- _Task details_
For the entries below, copy exactly the line that contains "Date: 25 JUL 2019 21:46:37" through the line that contains "VESA(Max) 600x400mm", both ends included, and exclude all pictures.

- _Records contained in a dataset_
************
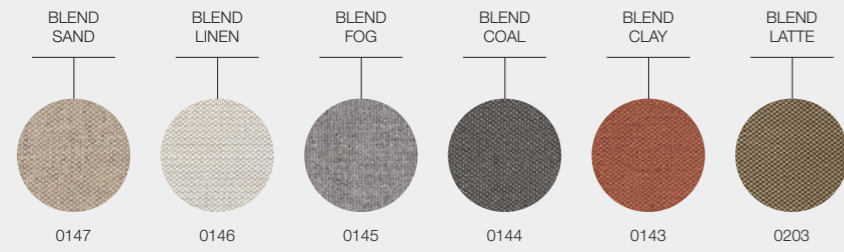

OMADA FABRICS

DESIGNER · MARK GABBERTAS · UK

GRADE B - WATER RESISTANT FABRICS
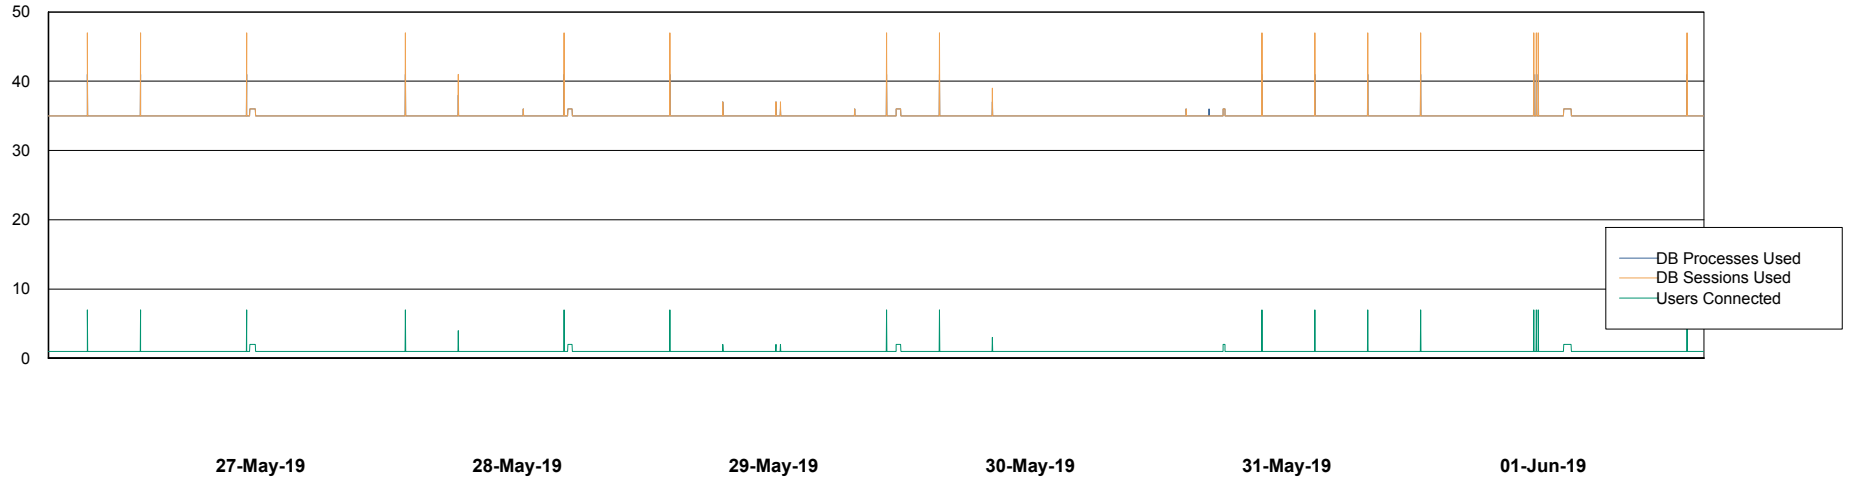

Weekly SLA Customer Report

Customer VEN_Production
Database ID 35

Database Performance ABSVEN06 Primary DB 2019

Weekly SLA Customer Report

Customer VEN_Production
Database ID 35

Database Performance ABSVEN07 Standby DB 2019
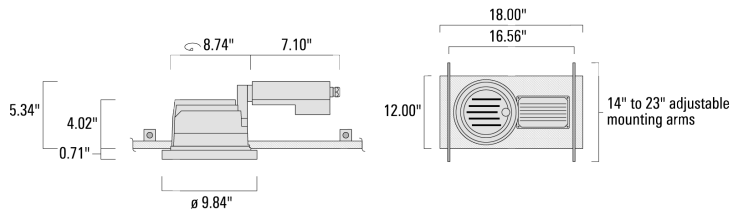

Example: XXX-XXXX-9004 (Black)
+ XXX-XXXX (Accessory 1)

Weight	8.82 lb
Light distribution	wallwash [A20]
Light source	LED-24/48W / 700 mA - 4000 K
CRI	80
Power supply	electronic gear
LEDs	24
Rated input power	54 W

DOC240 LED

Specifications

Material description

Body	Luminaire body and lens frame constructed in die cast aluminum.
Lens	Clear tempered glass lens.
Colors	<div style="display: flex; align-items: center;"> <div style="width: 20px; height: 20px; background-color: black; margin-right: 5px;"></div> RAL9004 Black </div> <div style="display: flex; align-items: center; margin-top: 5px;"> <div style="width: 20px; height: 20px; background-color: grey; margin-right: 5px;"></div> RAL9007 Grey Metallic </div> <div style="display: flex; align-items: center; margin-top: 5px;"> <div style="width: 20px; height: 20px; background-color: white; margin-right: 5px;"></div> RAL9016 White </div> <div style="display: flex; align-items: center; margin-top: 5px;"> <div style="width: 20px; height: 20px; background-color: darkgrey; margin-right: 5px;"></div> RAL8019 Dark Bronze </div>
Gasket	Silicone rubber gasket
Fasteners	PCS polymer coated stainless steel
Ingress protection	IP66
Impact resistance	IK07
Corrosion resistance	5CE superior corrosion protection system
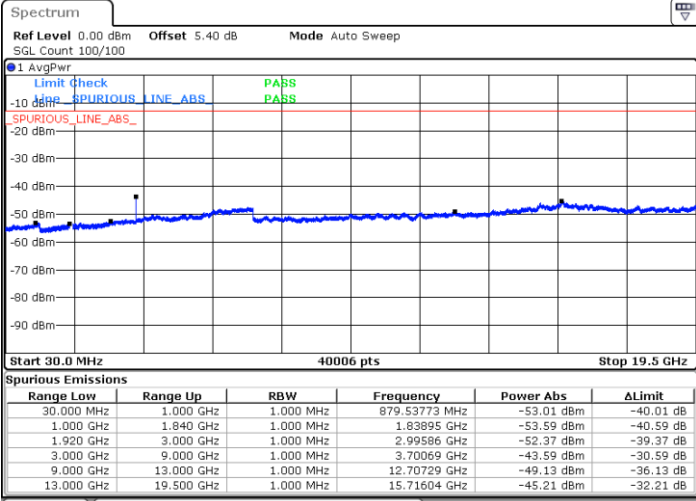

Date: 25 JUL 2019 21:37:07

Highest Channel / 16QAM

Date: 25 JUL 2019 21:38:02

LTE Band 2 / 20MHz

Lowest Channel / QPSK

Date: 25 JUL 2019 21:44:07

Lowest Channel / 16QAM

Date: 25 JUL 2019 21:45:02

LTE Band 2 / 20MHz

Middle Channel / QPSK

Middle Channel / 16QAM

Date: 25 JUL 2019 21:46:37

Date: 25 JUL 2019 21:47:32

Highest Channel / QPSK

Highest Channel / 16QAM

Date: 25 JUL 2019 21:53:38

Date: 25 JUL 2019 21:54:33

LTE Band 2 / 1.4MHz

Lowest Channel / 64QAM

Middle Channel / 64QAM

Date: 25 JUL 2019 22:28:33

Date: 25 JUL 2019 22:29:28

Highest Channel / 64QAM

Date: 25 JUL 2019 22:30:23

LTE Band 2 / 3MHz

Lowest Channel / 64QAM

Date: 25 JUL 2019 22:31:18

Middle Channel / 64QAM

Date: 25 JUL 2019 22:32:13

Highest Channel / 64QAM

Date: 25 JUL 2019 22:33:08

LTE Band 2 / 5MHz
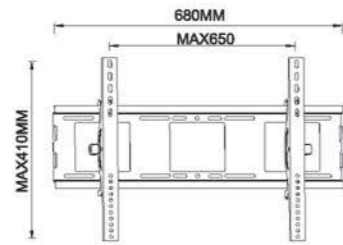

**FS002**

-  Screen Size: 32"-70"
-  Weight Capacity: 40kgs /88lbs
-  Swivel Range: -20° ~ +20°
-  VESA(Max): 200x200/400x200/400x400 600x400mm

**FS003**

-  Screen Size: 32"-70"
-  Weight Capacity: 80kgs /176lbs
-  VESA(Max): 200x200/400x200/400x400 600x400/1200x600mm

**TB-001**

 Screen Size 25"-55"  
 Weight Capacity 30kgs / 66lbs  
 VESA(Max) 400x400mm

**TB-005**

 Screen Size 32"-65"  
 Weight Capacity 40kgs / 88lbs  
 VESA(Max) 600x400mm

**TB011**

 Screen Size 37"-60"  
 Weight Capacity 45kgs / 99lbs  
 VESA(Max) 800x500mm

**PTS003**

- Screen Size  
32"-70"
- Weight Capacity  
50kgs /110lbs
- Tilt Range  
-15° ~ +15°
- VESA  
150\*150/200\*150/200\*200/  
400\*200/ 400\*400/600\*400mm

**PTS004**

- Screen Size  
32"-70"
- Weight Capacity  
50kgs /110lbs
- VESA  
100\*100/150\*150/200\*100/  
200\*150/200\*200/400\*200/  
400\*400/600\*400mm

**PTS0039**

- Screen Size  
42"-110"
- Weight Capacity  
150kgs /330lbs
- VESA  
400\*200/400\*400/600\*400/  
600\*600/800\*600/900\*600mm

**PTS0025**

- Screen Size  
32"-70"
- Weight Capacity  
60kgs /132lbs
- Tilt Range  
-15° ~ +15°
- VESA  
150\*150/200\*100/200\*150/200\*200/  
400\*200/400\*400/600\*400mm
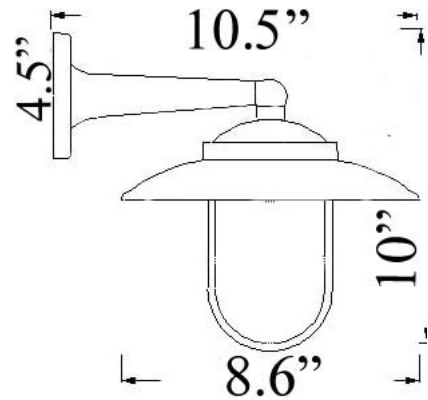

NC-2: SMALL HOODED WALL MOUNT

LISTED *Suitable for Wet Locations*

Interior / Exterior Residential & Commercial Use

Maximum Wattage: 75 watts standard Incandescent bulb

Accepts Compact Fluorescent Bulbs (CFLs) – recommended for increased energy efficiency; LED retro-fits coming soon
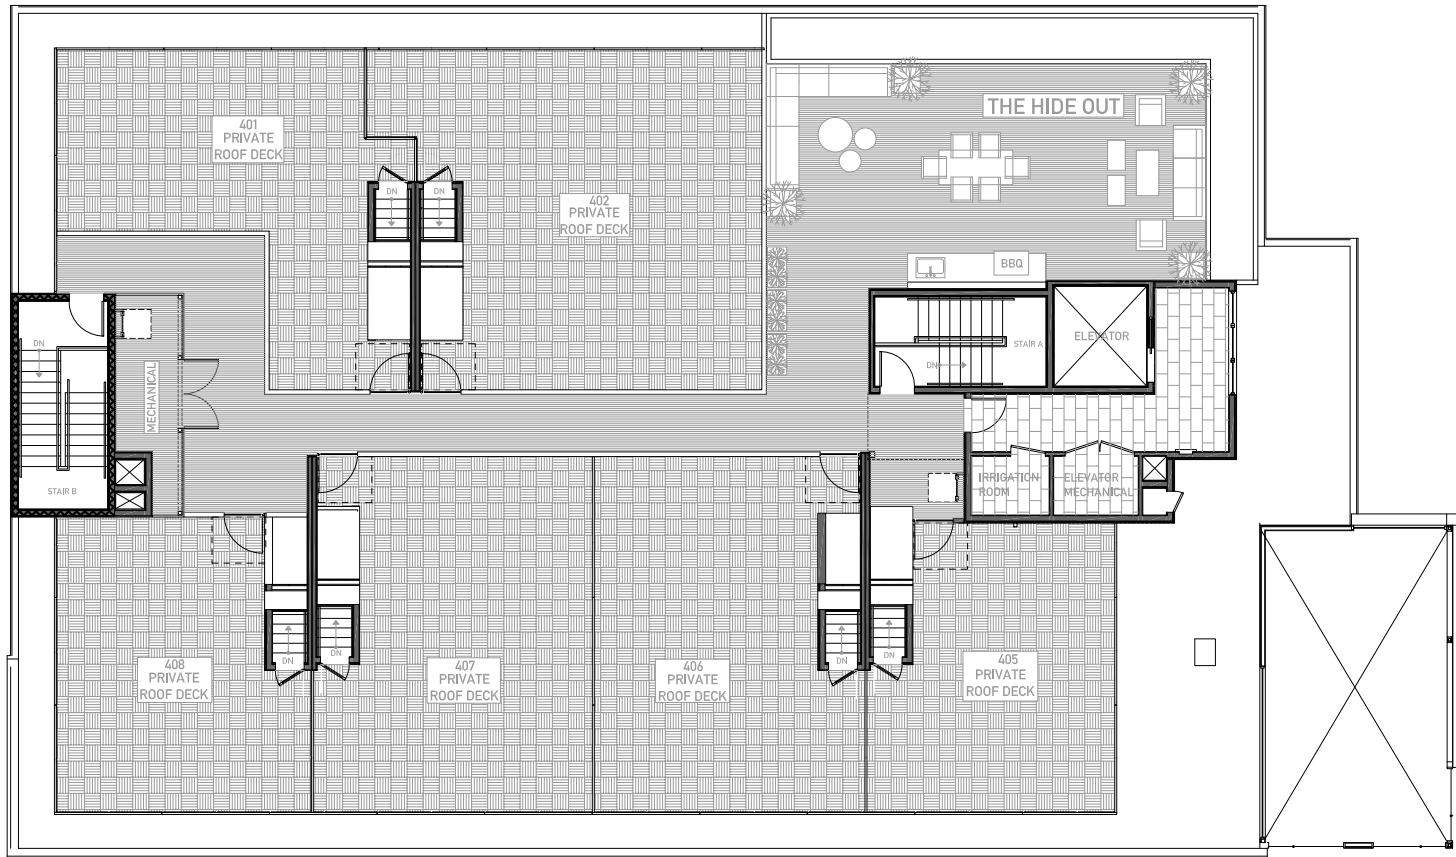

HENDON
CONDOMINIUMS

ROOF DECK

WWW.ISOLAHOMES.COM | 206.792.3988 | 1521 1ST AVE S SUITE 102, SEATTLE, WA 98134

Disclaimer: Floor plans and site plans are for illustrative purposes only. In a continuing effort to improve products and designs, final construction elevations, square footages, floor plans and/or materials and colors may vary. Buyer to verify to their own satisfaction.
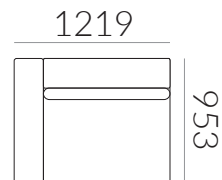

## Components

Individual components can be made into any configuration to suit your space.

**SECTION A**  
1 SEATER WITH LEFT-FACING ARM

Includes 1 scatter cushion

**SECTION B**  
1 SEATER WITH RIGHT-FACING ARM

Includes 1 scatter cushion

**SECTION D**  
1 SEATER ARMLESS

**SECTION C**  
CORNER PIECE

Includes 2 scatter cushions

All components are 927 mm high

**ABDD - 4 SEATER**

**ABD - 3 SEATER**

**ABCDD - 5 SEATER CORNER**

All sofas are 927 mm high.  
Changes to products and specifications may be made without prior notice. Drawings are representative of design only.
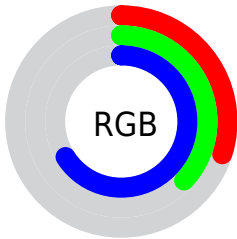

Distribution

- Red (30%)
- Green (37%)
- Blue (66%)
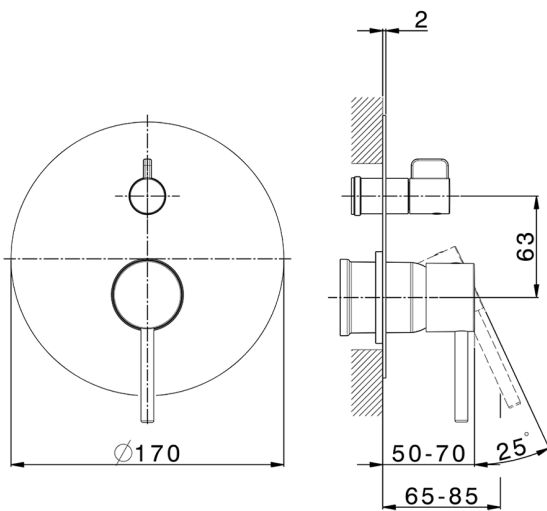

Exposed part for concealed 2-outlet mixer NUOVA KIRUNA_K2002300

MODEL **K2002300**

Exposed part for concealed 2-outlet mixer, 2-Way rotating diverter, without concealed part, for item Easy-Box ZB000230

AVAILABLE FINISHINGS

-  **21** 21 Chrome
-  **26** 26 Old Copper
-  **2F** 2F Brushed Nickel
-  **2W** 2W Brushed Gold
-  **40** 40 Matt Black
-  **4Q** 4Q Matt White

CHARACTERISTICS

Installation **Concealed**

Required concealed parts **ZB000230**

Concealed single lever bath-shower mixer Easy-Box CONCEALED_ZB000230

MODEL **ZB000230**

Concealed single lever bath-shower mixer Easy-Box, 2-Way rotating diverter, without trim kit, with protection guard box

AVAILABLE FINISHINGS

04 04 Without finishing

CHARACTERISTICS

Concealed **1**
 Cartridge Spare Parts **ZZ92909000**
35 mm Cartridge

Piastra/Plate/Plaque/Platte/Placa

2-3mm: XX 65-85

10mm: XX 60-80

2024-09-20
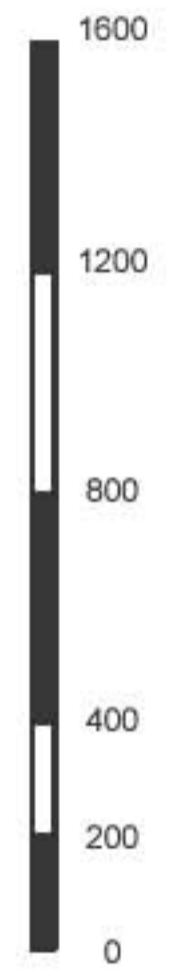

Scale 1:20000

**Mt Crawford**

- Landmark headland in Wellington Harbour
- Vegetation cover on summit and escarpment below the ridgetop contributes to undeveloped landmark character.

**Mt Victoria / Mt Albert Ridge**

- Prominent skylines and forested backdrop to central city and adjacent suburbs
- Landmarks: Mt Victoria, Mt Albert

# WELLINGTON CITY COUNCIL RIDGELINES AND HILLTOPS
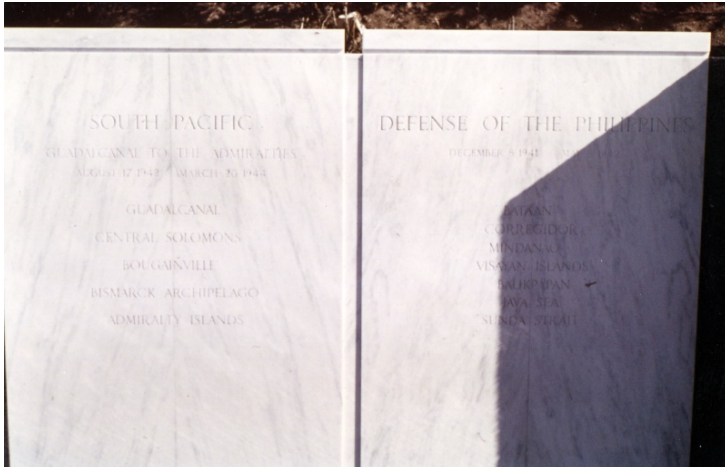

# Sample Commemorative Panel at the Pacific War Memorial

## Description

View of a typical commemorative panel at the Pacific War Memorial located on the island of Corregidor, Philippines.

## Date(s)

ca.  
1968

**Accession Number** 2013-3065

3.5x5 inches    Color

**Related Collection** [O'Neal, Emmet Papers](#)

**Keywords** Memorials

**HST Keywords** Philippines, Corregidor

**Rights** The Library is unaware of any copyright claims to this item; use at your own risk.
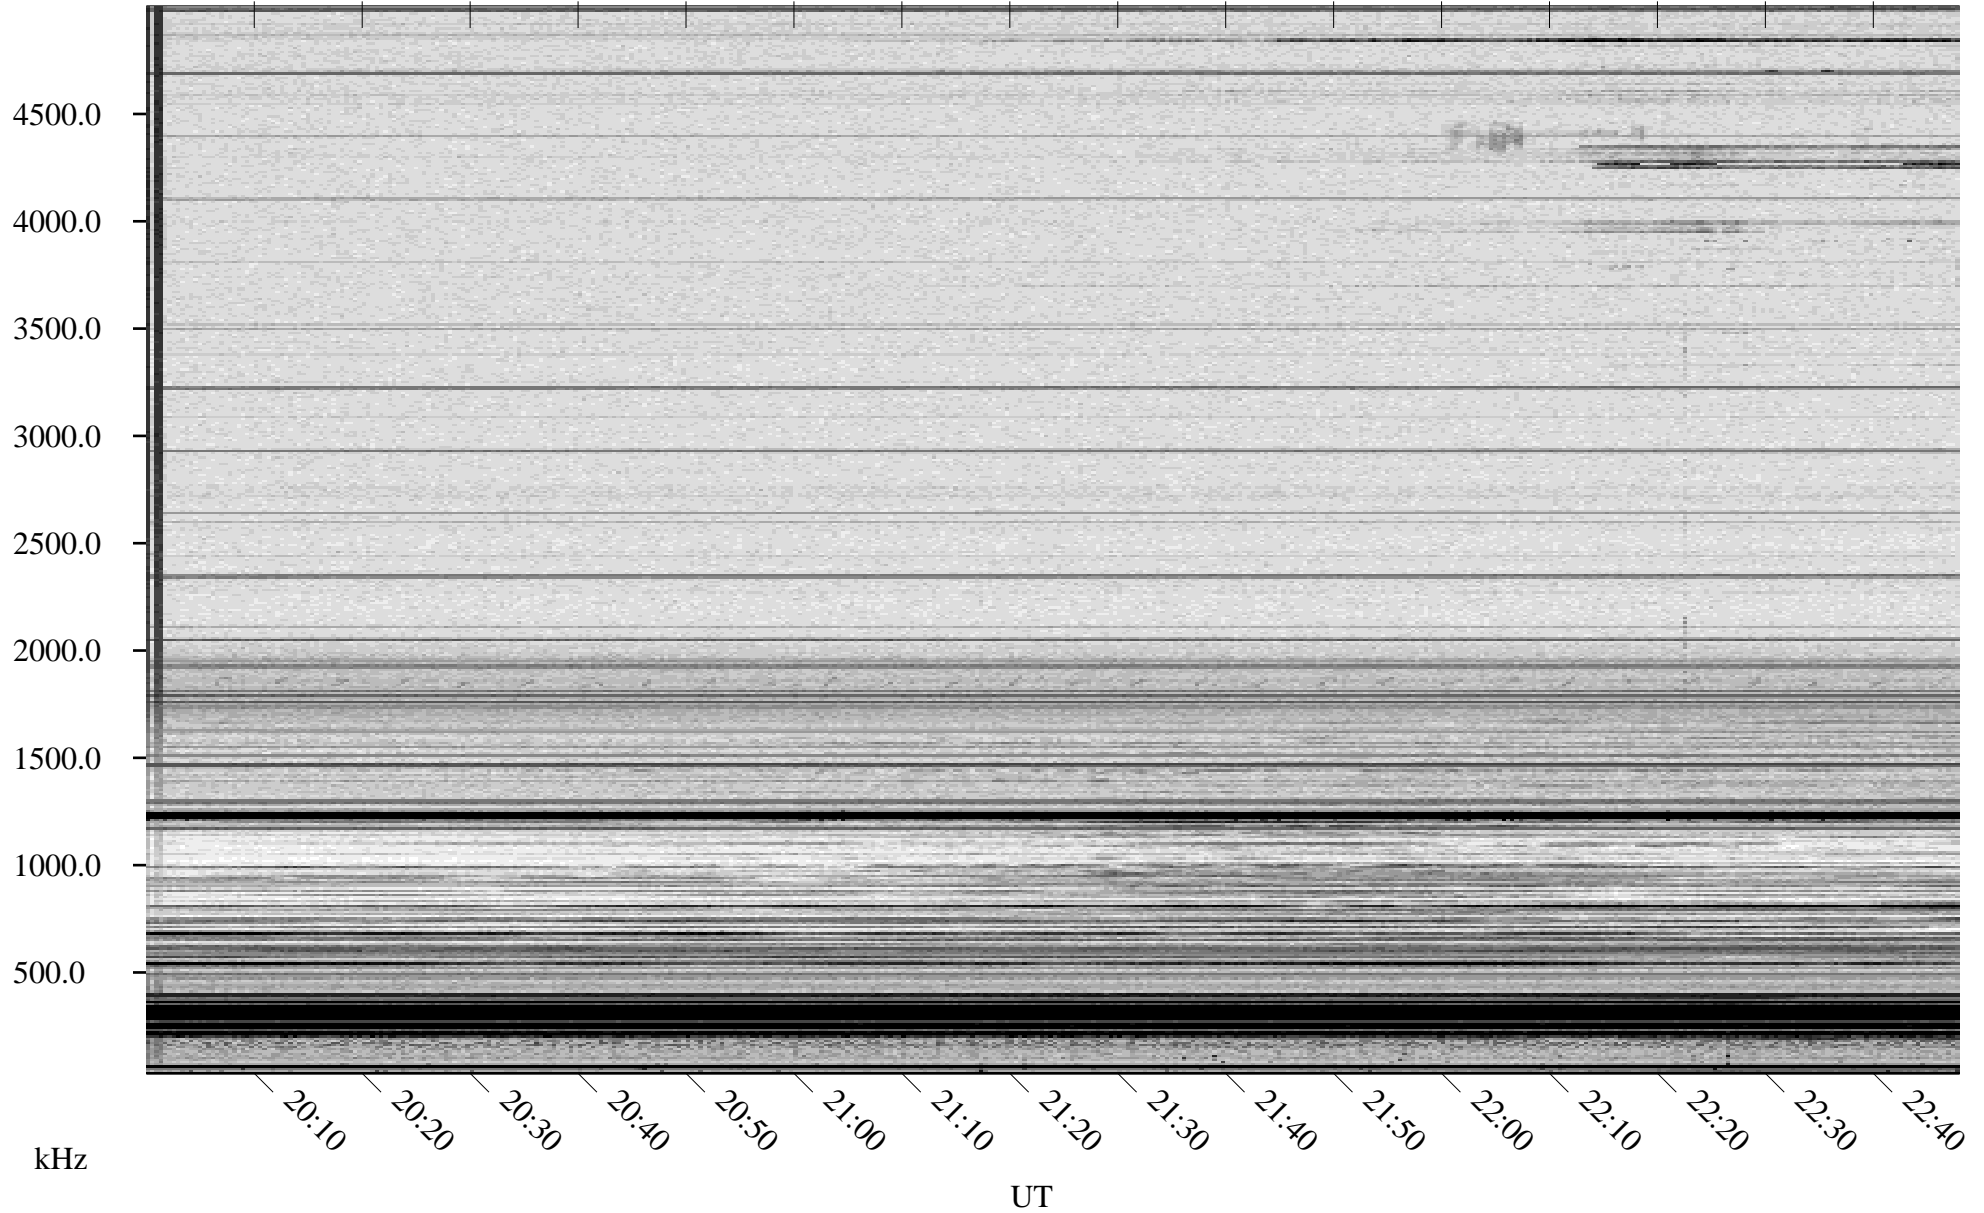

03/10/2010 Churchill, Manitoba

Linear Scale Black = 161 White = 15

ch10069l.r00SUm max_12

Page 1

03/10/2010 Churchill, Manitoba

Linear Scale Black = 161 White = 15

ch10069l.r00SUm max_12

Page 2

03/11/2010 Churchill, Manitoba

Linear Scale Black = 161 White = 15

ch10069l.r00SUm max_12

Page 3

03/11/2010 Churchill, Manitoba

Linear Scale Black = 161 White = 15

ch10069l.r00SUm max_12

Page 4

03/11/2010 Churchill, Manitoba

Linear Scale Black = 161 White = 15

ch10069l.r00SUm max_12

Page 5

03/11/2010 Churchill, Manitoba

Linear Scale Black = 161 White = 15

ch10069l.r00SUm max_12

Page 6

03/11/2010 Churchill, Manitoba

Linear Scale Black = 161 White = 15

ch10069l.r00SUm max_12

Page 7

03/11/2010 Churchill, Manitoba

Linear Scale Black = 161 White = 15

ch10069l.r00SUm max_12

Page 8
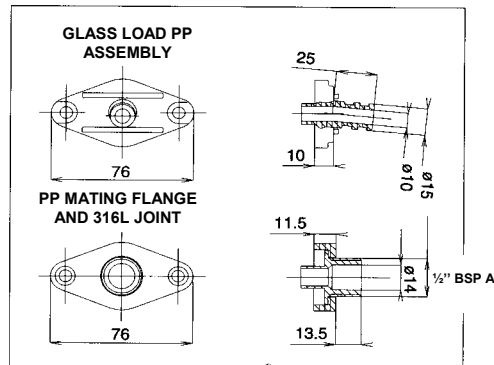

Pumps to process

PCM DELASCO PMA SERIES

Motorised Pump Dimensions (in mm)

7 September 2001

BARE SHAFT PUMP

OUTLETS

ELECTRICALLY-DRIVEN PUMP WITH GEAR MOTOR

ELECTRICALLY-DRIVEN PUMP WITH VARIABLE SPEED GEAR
************
- _Response_
Date: 25 JUL 2019 21:46:37

Date: 25 JUL 2019 21:47:32

Highest Channel / QPSK

Highest Channel / 16QAM

Date: 25 JUL 2019 21:53:38

Date: 25 JUL 2019 21:54:33

LTE Band 2 / 1.4MHz

Lowest Channel / 64QAM

Middle Channel / 64QAM

Date: 25 JUL 2019 22:28:33

Date: 25 JUL 2019 22:29:28

Highest Channel / 64QAM

Date: 25 JUL 2019 22:30:23

LTE Band 2 / 3MHz

Lowest Channel / 64QAM

Date: 25 JUL 2019 22:31:18

Middle Channel / 64QAM

Date: 25 JUL 2019 22:32:13

Highest Channel / 64QAM

Date: 25 JUL 2019 22:33:08

LTE Band 2 / 5MHz

**FS002**

-  Screen Size: 32"-70"
-  Weight Capacity: 40kgs /88lbs
-  Swivel Range: -20° ~ +20°
-  VESA(Max): 200x200/400x200/400x400 600x400mm

**FS003**

-  Screen Size: 32"-70"
-  Weight Capacity: 80kgs /176lbs
-  VESA(Max): 200x200/400x200/400x400 600x400/1200x600mm

**TB-001**

 Screen Size 25"-55"  
 Weight Capacity 30kgs / 66lbs  
 VESA(Max) 400x400mm

**TB-005**

 Screen Size 32"-65"  
 Weight Capacity 40kgs / 88lbs  
 VESA(Max) 600x400mm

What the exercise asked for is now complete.